***** Records provided *****
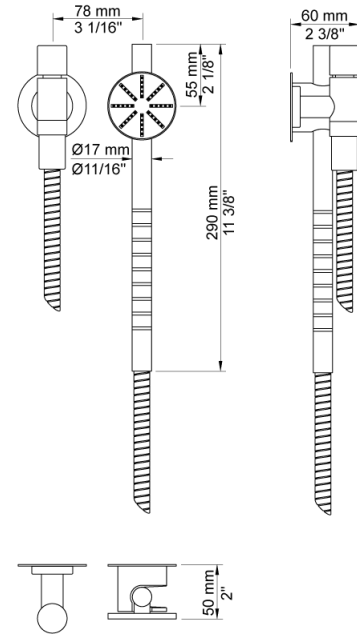

Date:

Client:

Project:

VOLA product: 5475S

5475S

¾" thermostatic mixer. 5475SUP = Thermostatic mixer 5400NV. 5475SAP = Handle NR51, handle NR52, handle NR64G, hand shower and hand shower holder with non-return valve 070S, hose 1500 mm, five-hole plate 5005B.

Flow

	Bar:	1.0	2.0	3.0	4.0	5.0
070S ¹⁾	(l/min)	6.9	9.8	12.0	13.9	15.5
5400NV	(l/min)	18.5	26.1	32.0	37.0	41.3

¹⁾ USA: Flow restricted to 2.0 gpm (7.6 l/min)

Available in colors

- Color 02, Grey
- Color 04, Light blue
- Color 05, Orange
- Color 06, Light green
- Color 08, Yellow
- Color 09, Dark grey
- Color 12, Mocca
- Color 14, Bright red
- Color 15, Dark blue
- Color 16, Polished chrome
- Color 17, Gloss black
- Color 18, White
- Color 19, Natural brass
- Color 20, Brushed chrome
- Color 21, Carmine red
- Color 25, Pink
- Color 27, Matt black
- Color 40, Brushed stainless steel

Date:

Client:

Project:

070S
Hand shower, hand shower holder and hose with non-return valve.

5005B
Five-hole plate (for 5400 w. T8).

5400NV
Thermostatic mixer with diverter and one fixed outlet socket. 3/4" connection to copper, steel, iron or pex pipe work.

Date:

Client:

Project:

NR51
On/off handle for 5000 and 6000.

NR52
Thermostatic handle for serie 5000.

NR64G
Diverter handle for 5400/5600. With peg in the same colour as handle (Standard).
*****
— Your task —
All that is needed is the data above, repeated exactly, without the pictures.

— Written response —
Date:

Client:

Project:

VOLA product: 5475S

5475S

¾" thermostatic mixer. 5475SUP = Thermostatic mixer 5400NV. 5475SAP = Handle NR51, handle NR52, handle NR64G, hand shower and hand shower holder with non-return valve 070S, hose 1500 mm, five-hole plate 5005B.

Flow

	Bar:	1.0	2.0	3.0	4.0	5.0
070S ¹⁾	(l/min)	6.9	9.8	12.0	13.9	15.5
5400NV	(l/min)	18.5	26.1	32.0	37.0	41.3

¹⁾ USA: Flow restricted to 2.0 gpm (7.6 l/min)

Available in colors

- Color 02, Grey
- Color 04, Light blue
- Color 05, Orange
- Color 06, Light green
- Color 08, Yellow
- Color 09, Dark grey
- Color 12, Mocca
- Color 14, Bright red
- Color 15, Dark blue
- Color 16, Polished chrome
- Color 17, Gloss black
- Color 18, White
- Color 19, Natural brass
- Color 20, Brushed chrome
- Color 21, Carmine red
- Color 25, Pink
- Color 27, Matt black
- Color 40, Brushed stainless steel

Date:

Client:

Project:

070S
Hand shower, hand shower holder and hose with non-return valve.

5005B
Five-hole plate (for 5400 w. T8).

5400NV
Thermostatic mixer with diverter and one fixed outlet socket. 3/4" connection to copper, steel, iron or pex pipe work.

Date:

Client:

Project:

NR51
On/off handle for 5000 and 6000.

NR52
Thermostatic handle for serie 5000.

NR64G
Diverter handle for 5400/5600. With peg in the same colour as handle (Standard).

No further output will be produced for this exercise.